Hyperthyroidism Treatment & Management
- Author: Stephanie L Lee, MD, PhD; Chief Editor: Romesh Khardori, MD, PhD, FACP more...
Treatment of hyperthyroidism includes symptom relief, as well as antithyroid pharmacotherapy, radioactive iodine-131 (131I) therapy (the preferred treatment of hyperthyroidism among US thyroid specialists), or thyroidectomy. However, antithyroid medications are not effective in thyrotoxicosis in which scintigraphy shows low uptake of iodine-123 (123I), as in patients with subacute thyroiditis, because these cases result from release of preformed thyroid hormone.
If a physician treats enough patients who are hyperthyroid, eventually he or she will encounter a patient who develops agranulocytosis or hepatitis from the antithyroid medications. Discussing these adverse effects with patients before starting therapy is important; accordingly, patients should be given written or documented verbal instruction to the effect that if they develop high fever (>100.5°F) or a severe sore throat, they should stop the medication and seek medical attention.
Guidelines for the management of hyperthyroidism and other causes of thyrotoxicosis have been developed by the American Thyroid Association (ATA) and the American Association of Clinical Endocrinologists. These guidelines include 100 evidence-based recommendations concerning the care of these patients.
Management of Ophthalmopathy
Although 50% of patients with Graves disease have mild signs and symptoms of thyroid eye disease, only 5% develop severe ophthalmopathy (eg, diplopia, visual-field deficits, or blurred vision). Less serious ophthalmologic symptoms (eg, photophobia, irritation, and tearing) are treated with tight-fitting sunglasses, which should be worn at all times when the patient is outside, and with saline eye drops that are taken as necessary for comfort.
If exposure keratitis is suspected, the patient should be monitored by an ophthalmologist. This condition usually occurs when eyelid closure is incomplete and the cornea is exposed at night, when the patient does not blink. Typically, patients complain of irritation and tearing on awakening. Treatment includes administering saline gel or drops and taping eyelids closed with paper tape before sleep. Some ophthalmologists are concerned about corneal abrasion from the tape and instead recommend that patients wear goggles at night to keep the eyes moist.
A medical emergency occurs when sufficient orbital edema exists to cause optic nerve compression with early loss of color vision and orbital pain. Without treatment, continued pressure on the optical nerve may cause permanent vision loss. High-dose glucocorticoids are administered, with consideration for orbital decompression surgery and ocular radiation therapy.
Management of Dermopathy
Infiltrative dermopathy, usually developing over the lower extremities, is characterized by an accumulation of glycosaminoglycans and inflammatory cells in the dermis. The skin changes typically include a nonpitting erythematous edema of the anterior shins. Dermopathy can occur at other sites of repeat trauma. The dermopathy usually occurs only in the presence of significant ophthalmopathy.

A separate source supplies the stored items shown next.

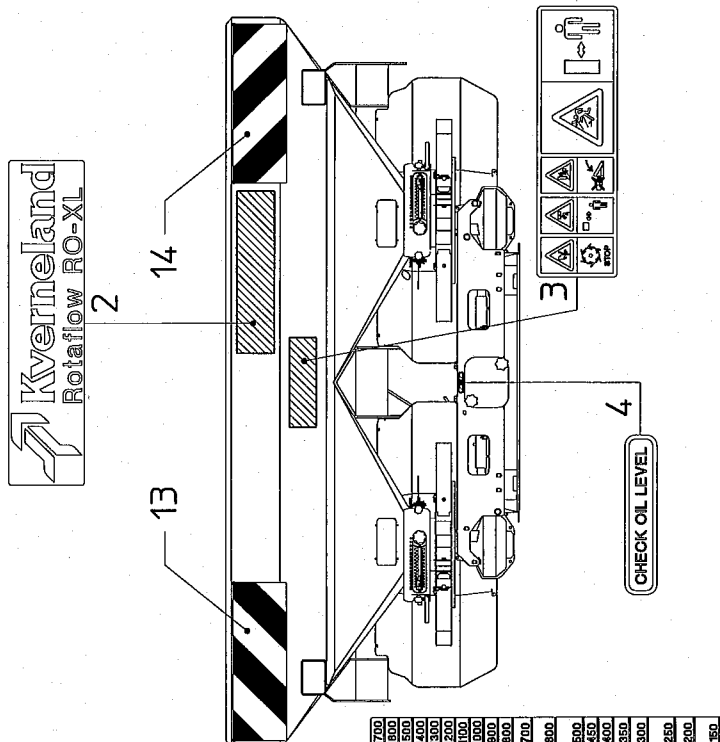

serial number 77306

C13

RO-XL

bestelnnummer
ordernummer
num. a commander
Bestellnummer

1	VNB4053074	1	1500L 2750
2	VNB4387174	3	1875L 2900
3	VNB4377074	1	
4	VNB1612474	1	
5	VNB4376974	2	
6	VNB4377174	1	
7	VNB1310474	1	
8	VNB4105474	2	
9	VNB4366374	2	
10	VNB1194874	1	
11	VNB1181374	1	
13	VNB4377474	2	
14	VNB4377574	2	
15	KK742357	1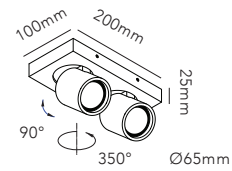

FOCUS 2

NEW

2x6W LED - 230V - IP20 - CRI >90
Lumen 750lm (3000K) / 695lm (2700K)

BRASS* 2700K	270033	NEW
ROSE GOLD* 27000K	270032	NEW
BRASS* 3000K	261628	NEW
ROSE GOLD* 3000K	261627	NEW

DKK	2.396,- EX VAT / 2.995,- INCL VAT
SEK	3.632,- EX VAT / 4.540,- INCL VAT
EURO	333,- EX VAT

WHITE 2700K	270030
BLACK 2700K	270031
WHITE 3000K	261608
BLACK 3000K	261609

DKK	1.996,- EX VAT / 2.495,- INCL VAT
SEK	3.028,- EX VAT / 3.785,- INCL VAT
EURO	277,- EX VAT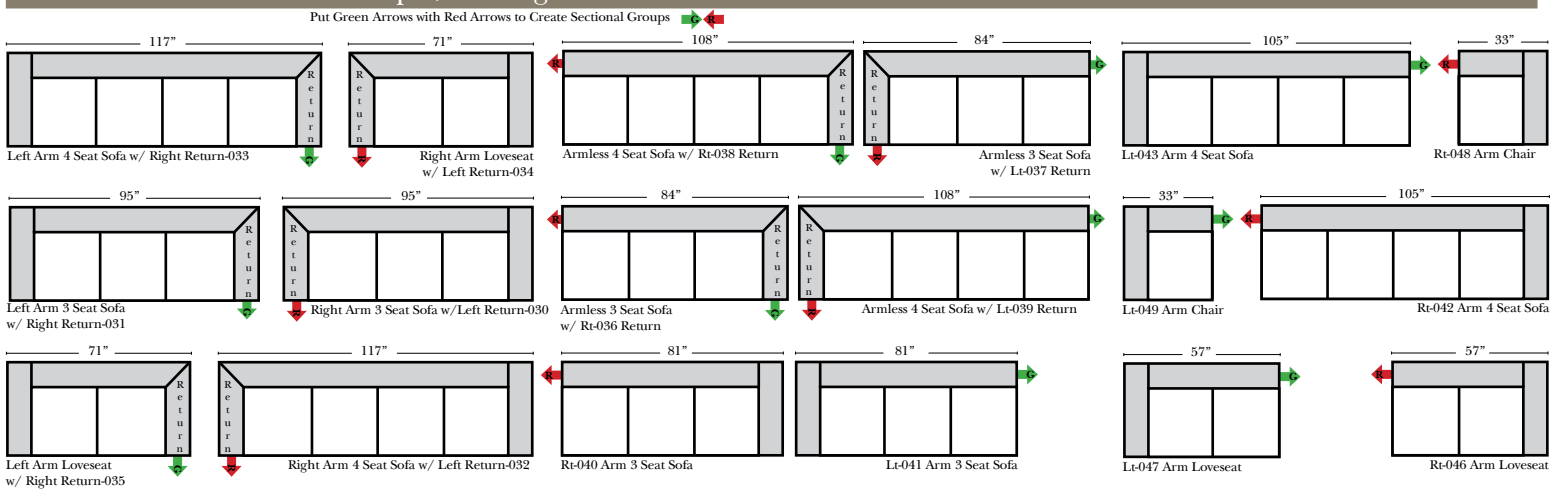

Standard & Armless

(All 4 seat items ship as one piece if stationary, two pieces if motion installed)

Features

- Standard:**
- Available in Full & Top Grain Leathers
 - Available in Luxury Fabrics
 - All Hardwood Frames
- Options:**
- Down Seats & Down Backs (additional Charge)
 - No. 33 Firm Foam
- Sleeper Options: (All the below options are at additional charges)**
- Queen Sleeper available w/Standard Mattress
 - Twin Sleeper available w/Standard Mattress
 - Deluxe Innerspring Mattress: Queen / Twin
 - Air Dream Coil Mattress: Queen Only - (No Twin)
 - Hideaway Air Mattress: Queen Only (Shipped in a Separate Box)

L-Shape / 90 Degree Sectional

(All 4 seat items ship as one piece if stationary, two pieces if motion installed)

Note:

All Dimensions are approximate, if accuracy is crucial, please contact us for validation of the dimensions shown. However, a 1" to 2" variance can still apply due to foam and upholstery.

No effective treatment exists. Nightly occlusive wraps of the affected site are recommended, with plastic wrap used after the application of a high-potency topical steroid cream.
Relief of Symptoms
Many of the neurologic and cardiovascular symptoms of thyrotoxicosis are relieved by beta-blocker therapy. Before such therapy is initiated, the patient should be examined for signs and symptoms of dehydration that often occur with hyperthyroidism. After oral rehydration, beta-blocker therapy can be started. Beta-blocker therapy should not be administered to patients with a significant history of asthma.
Calcium channel blockers (eg, verapamil and diltiazem) can be used for the same purposes when beta-blockers are contraindicated or poorly tolerated. These therapies should be tapered and stopped once thyroid functions are within the normal range.

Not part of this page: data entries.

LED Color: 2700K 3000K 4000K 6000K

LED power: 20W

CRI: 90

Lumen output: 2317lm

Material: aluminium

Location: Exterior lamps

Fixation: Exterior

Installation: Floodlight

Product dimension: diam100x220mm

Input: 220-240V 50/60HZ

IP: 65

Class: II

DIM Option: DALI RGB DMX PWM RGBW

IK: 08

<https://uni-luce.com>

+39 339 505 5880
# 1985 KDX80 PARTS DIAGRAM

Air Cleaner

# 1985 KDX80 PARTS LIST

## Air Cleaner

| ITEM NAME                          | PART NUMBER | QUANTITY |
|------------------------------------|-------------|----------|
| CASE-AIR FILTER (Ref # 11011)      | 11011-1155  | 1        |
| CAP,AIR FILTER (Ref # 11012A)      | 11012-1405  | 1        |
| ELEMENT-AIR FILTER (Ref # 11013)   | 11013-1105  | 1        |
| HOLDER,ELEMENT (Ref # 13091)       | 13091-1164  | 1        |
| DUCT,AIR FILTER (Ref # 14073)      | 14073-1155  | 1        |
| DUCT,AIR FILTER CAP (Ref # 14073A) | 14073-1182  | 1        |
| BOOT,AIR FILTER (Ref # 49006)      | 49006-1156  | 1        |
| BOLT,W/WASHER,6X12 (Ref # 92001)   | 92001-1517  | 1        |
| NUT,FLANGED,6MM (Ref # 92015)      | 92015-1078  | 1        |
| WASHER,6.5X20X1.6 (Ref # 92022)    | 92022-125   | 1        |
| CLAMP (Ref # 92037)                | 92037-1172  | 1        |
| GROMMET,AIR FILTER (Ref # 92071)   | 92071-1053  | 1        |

Antithyroid drugs (eg, methimazole and propylthiouracil) have been used for hyperthyroidism since their introduction in the 1940s. These medications are employed for long-term control of hyperthyroidism in children, adolescents, and pregnant women. In adult men and nonpregnant women, they are used to control hyperthyroidism before definitive therapy with radioactive iodine.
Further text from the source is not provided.